Cachex v4.0: Optimization, Consolidation & Routing
The first v4.x version of Cachex, v4.0.0, has been released. This version includes many features and improvements designed to optimize cache management and internal efficiency. In this post, I'll briefly cover some of the main changes, including new features and optimizations. If that isn't for you, feel free to jump straight over to the release notes!
Signature Cleanup
We'll start off with some of the simpler improvements; the cleanup of various functions that were either misnamed or redundant!

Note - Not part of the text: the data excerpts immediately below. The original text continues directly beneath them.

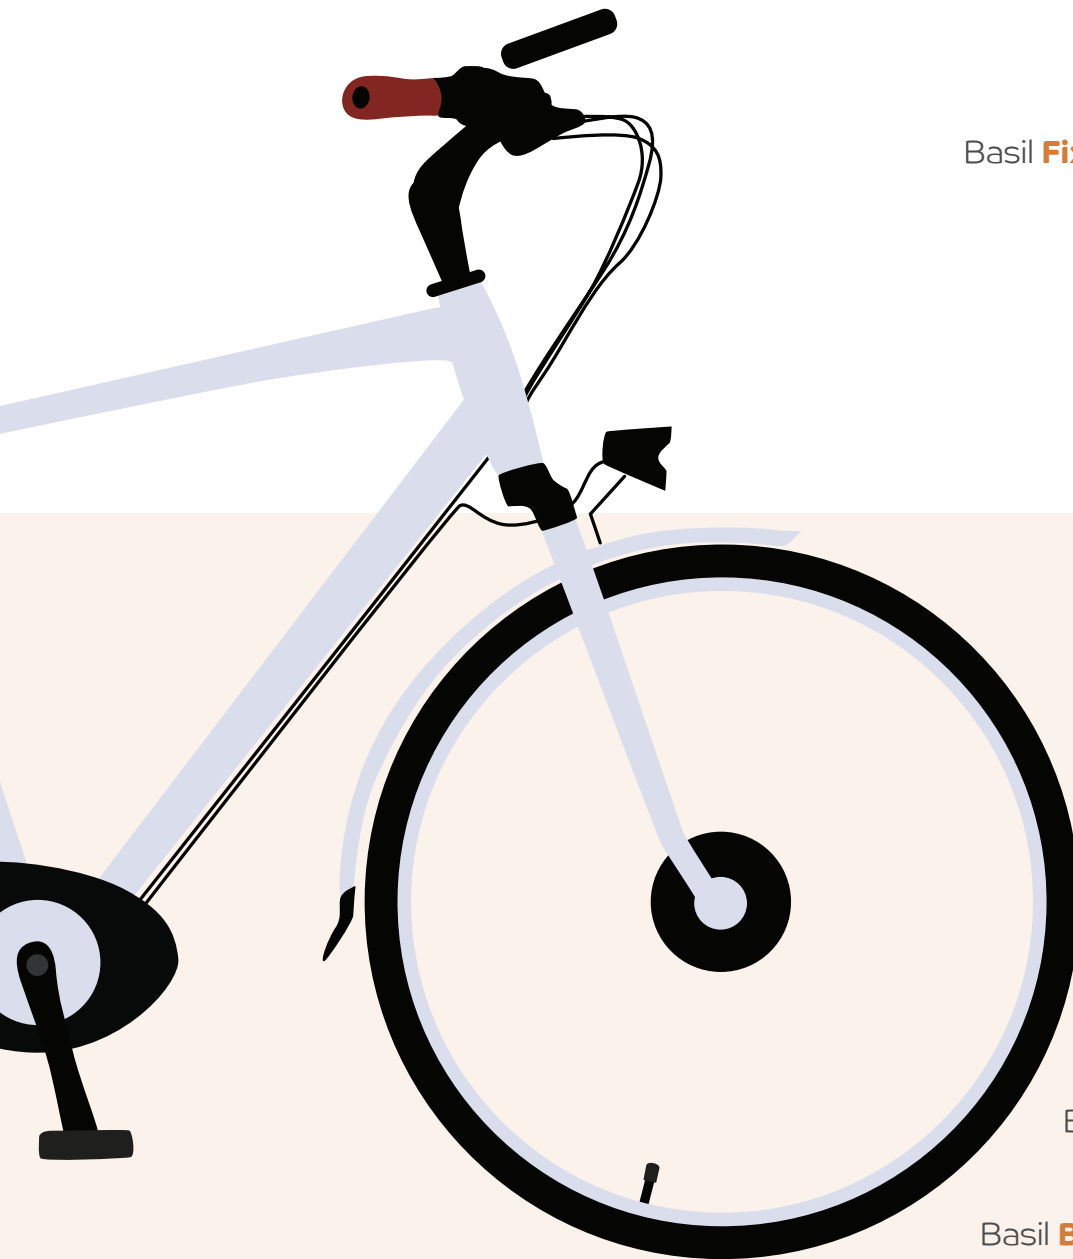

Basil **Fixed Mounted stem holder**

Removable

Basil **BasEasy stem holder**

Basil **BasEasy Luxe stem holder**

Basil **Ahead-stem holder KF**

Basil **KF Handlebar holder**

Basil WSL System

The patented WSL system ensures perfect mounting of our basket in a safe and stable manner. The system is universal, the **width and length can be adjusted**. It fits on to various diameters of luggage carrier frames, and can be used in conjunction with batteries in the luggage carrier. **E-bike perfect!**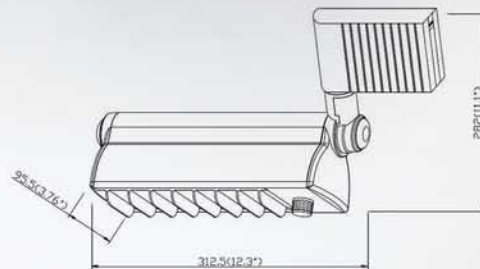

Fluorescent Track Lights LFL and CFL

DIMMABLE T5 HO TRACK LIGHTS

TW-0239 T5 HO 2X39 Watts Length 38¹/₂" Width 3⁷/₈" Height 7¹/₂"

TW-0254 T5 HO 2X54 Watts Length 50" Width 3⁷/₈" Height 7¹/₂"

STATE OF ART DIMMABLE BALLASTS

Model:TCF335M(Track type)
Socket:G24 Base
Watt:26W
Size:L10-1/2"xW3-7/8"xH7-1/2"

TCF-335M : Non Dimming track Light for 1 X 26 watts compact fluorescent

TCF-111D

TCF111D : Dimmable track light for 1 X42 or 32 or 26 watts compact fluorescent,
With Access Bar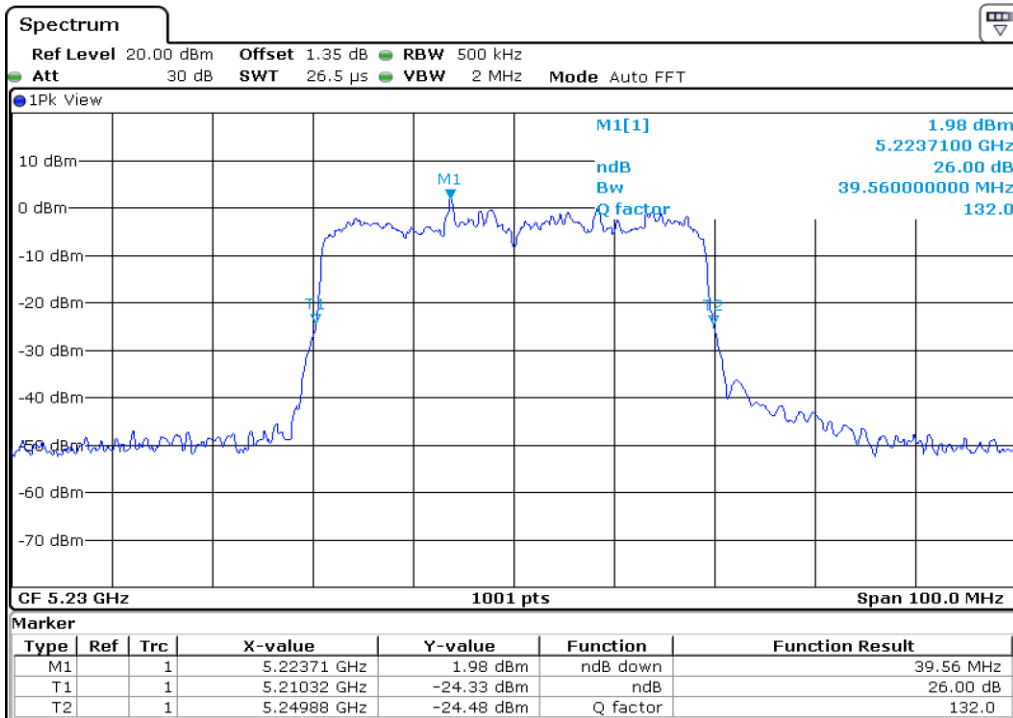

17 **26 dB Bandwidth**

18 **26 dB Bandwidth**

19 26 dB Bandwidth

20 26 dB Bandwidth

21 26 dB Bandwidth

22 26 dB Bandwidth

23 **26 dB Bandwidth**

24 **26 dB Bandwidth**

25 **26 dB Bandwidth**

26 **26 dB Bandwidth**

Test Band				WLAN_UNII1_AX			
Antenna				Ant 0			
Test Parameters for Channel Bandwidths							
Test Item	No.	Mode	Channel	Bandwidth	RU Tone	RB index	Verdict
26 dB Bandwidth	1	802.11ax HE80	42	80 MHz	26	Low	Pass
	2	802.11ax HE80	42	80 MHz	26	Middle	Pass
	3	802.11ax HE80	42	80 MHz	26	High	Pass
	4	802.11ax HE80	42	80 MHz	52	Low	Pass
	5	802.11ax HE80	42	80 MHz	52	Middle	Pass
	6	802.11ax HE80	42	80 MHz	52	High	Pass
	7	802.11ax HE80	42	80 MHz	106	Low	Pass
	8	802.11ax HE80	42	80 MHz	106	Middle	Pass
	9	802.11ax HE80	42	80 MHz	106	High	Pass
	10	802.11ax HE80	42	80 MHz	242	Low	Pass
	11	802.11ax HE80	42	80 MHz	242	Middle	Pass
	12	802.11ax HE80	42	80 MHz	242	High	Pass
	13	802.11ax HE80	42	80 MHz	484	Low	Pass
	14	802.11ax HE80	42	80 MHz	484	High	Pass
	15	802.11ax HE80	42	80 MHz	996	-	Pass
	16	802.11ax HE80	42	80 MHz	SU	-	Pass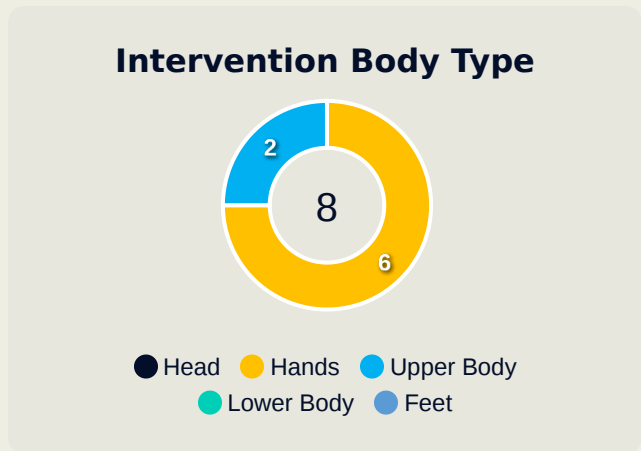

AI Ahly FC

Goalkeeping Distribution

Goalkeeping Distribution

AI Ahly FC

Goal Prevention

10
Total Attempts on Goal Faced

100
Save %

Total Attempts on Goal Faced	Total Goal Interventions	Save & Retain	Deflect & Retain	Save & Deflect	Save Attempt	No Save Attempt
10	2	2	0	0	0	8

Goal Prevention

AI Ain FC

16
Total Attempts on Goal Faced

67
Save %

Total Attempts on Goal Faced	Total Goal Interventions	Save & Retain	Deflect & Retain	Save & Deflect	Save Attempt	No Save Attempt
16	7	1	0	6	1	8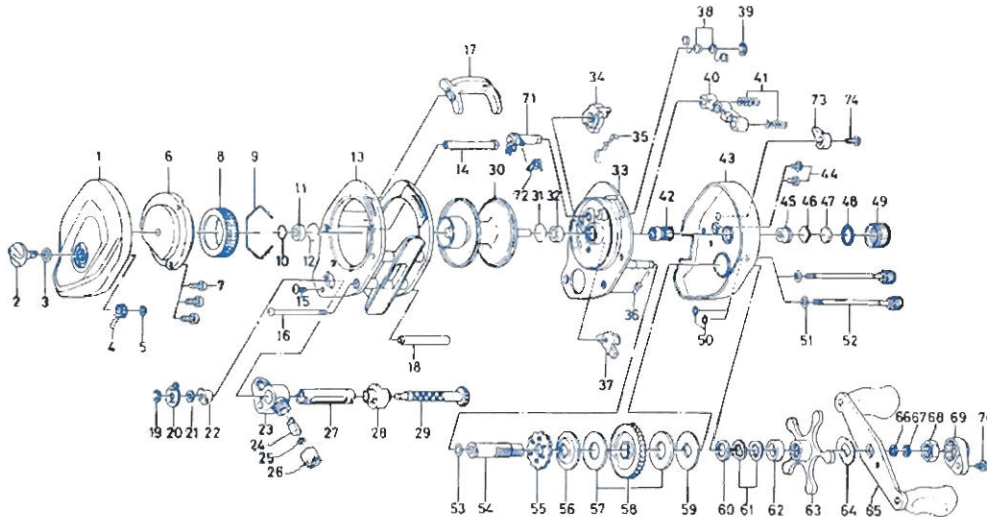

BAITCASTING REEL PMA35S

Key No.	Parts No.	Parts Name	Key No.	Parts No.	Parts Name
1	B85-5201	Left side cover	38	B81-5501	Set plate spring
2	B86-5201	Brake adjusting knob	39	320-1402	Clutch ret. ring
3	637-0601	"O" ring	40	B35-9001	Pinion yoke
4	B54-1701	Brake adjusting gear	41	144-7101	Pinion yoke spring
5	320-4202	Brake adjusting gear retainer	42	B85-4401	Pinion gear
6	B85-5601	Set plate A	43	B90-0402	Right side cover
7	B83-4402	Left side cover screw	44	B36-0401	Right side cover screw (short)
8	B66-1202	Magnet holder	45	B64-3101	Bush
9	B54-3201	Magnet holder ret. ring	46	B17-5401	Spool adjusting cap metal A
10	375-7405	Bearing metal washer	47	B17-5501	Spool adjusting cap metal B
11	B55-0301	Bearing	48	171-5201	"O" ring
12	B42-1601	Bearing retainer	49	B85-3401	Right spool cap
13	B86-4701	Frame	50	B85-3101	Right side cover screw washer A
14	B85-9601	Frame post A	51	B85-3001	Right side cover screw washer B
15	B36-0401	Frame post screw (short)	52	B91-1702	Right side cover screw (long)
16	B86-0101	Frame post screw (long)	53	373-7611	Gear shaft washer A
17	B85-2301	Clutch lever	54	BB6-5001	Gear shaft
18	BB6-0001	Frame post B	55	B86-5101	Ratchet
19	320-5901	Worm shaft retainer	56	B85-4801	Gear shaft washer B
20	B86-3301	Worm shaft plate	57	B36-0203	Drag washer A
21	373-1301	Worm shaft holder washer	58	B85-4901	Drive gear
22	022-2201	Worm shaft holder	59	B36-0301	Drag washer B
23	B57-8701	Line guide	60	373-7800	Drag washer C
24	B71-0101	Line guide pin	61	150-8901	Spring washer
25	375-4100	Line guide pin washer	62	634-5801	Spacing sleeve
26	342-4801	Line guide nut	63	B36-0504	Star drag
27	BB5-9701	Worm shield	64	150-9001	Handle washer
28	B85-6401	Shield bush	65	B85-5101	Handle
29	B85-9801	Worm shaft	66	B41-1701	Handle nut washer
30	B86-0201	Spool	67	320-8202	Handle nut retainer
31	B42-1601	Bearing retainer	68	B86-2101	Handle nut
32	B55-0301	Bearing	69	BB6-2301	Handle nut plate
33	B91-5602	Set plate B	70	351-1801	Handle nut plate screw
34	B85-4601	Anti-reverse lever	71	B85-9001	Click claw
35	B65-0501	Anti-reverse lever spring	72	B86-2201	Click claw spring
36	B35-8901	Anti-reverse claw spring	73	B85-9501	Click lever
37	B74-0501	Anti-reverse claw	74	351-1801	Click lever screw

Cachex has been around a long time now, and some of the naming hasn't been the best. A few names were either vague or the result of arbitrarily separated functions in the past. Cachex v4.0 includes the following changes in the main Cachex API:
Cachex.count/2
has been merged into Cachex.size/2 via the:expired
optionCachex.dump/3
andCachex.load/4
have been renamed to Cachex.save/3 and Cachex.restore/4 respectivelyCachex.save/4
andCachex.restore/4
have been changed to use Cachex.stream/3 and Cachex.import/3 under the hoodCachex.set/3
andCachex.set_many/4
have (finally!) been removed
These changes allowed for a lot of cleanup internally, and the API surface area has been reduced as a result. Alongside these changes you may also see performance improvements in these functions due to various optimizations made along the way.
Janitor Optimizations
Next up are some optimizations inside the Cachex Janitor. For those unfamiliar, the Janitor is the process responsible for periodically handling expired entries inside a cache. There are two major changes to the Janitor in Cachex v4.x which will have a minor impact on an average cache.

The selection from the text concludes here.